In 2013, “Climate-related deaths were at a record low — in supposedly the worst climate in history — under 30,000,” says Epstein. In 1931, bad weather killed 3 million people. You can argue that we get some things wrong as a civilization, but thanks to our use of fossil fuels, we get something very right.

Epstein points out that humanity owes its current ability to survive harsh winters, arid deserts and other naturally dangerous environments to the same fuels activists now condemn: “We have the luxury of being able to absorb a certain amount of climate-related damage so we can live in all of these cool places.”

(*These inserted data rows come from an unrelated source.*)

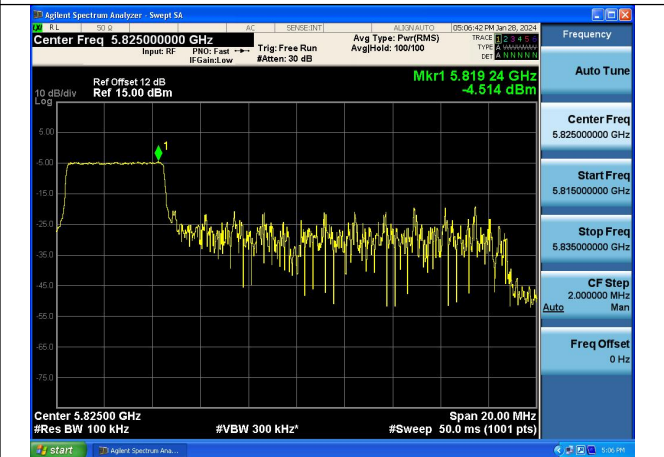

Mode:802.11ax HE20 Tone:26T Frequency:5785MHz  
Ant:Chain1

Mode:802.11ax HE20 Tone:26T Frequency:5825MHz  
Ant:Chain1

Mode:802.11ax HE20 Tone:52T Frequency:5745MHz  
Ant:Chain0

Mode:802.11ax HE20 Tone:52T Frequency:5785MHz  
Ant:Chain0

Mode:802.11ax HE20 Tone:52T Frequency:5825MHz  
Ant:Chain0

Mode:802.11ax HE20 Tone:52T Frequency:5745MHz  
Ant:Chain1

Mode:802.11ax HE20 Tone:52T Frequency:5785MHz  
Ant:Chain1

Mode:802.11ax HE20 Tone:52T Frequency:5825MHz  
Ant:Chain1

What Epstein, Stossel, Goklany, and others are pointing out is the fact that real societal “resiliency” only comes about when energy production has raised a society’s technology to a level that enables people to cope with the cruel vagaries of nature. Greenies like to talk about “renewables” providing a resilient society, but the amount of energy needed to lift the developing countries out of desperate poverty will not be provided by expensive and dilute power from wind turbines, solar panels, or chicken manure. And mandating that the life-saving, life-transforming power of fossil fuels remain buried in the ground is a prescription for early death, privation, and suffering for billions of our fellow human beings. And that is truly immoral.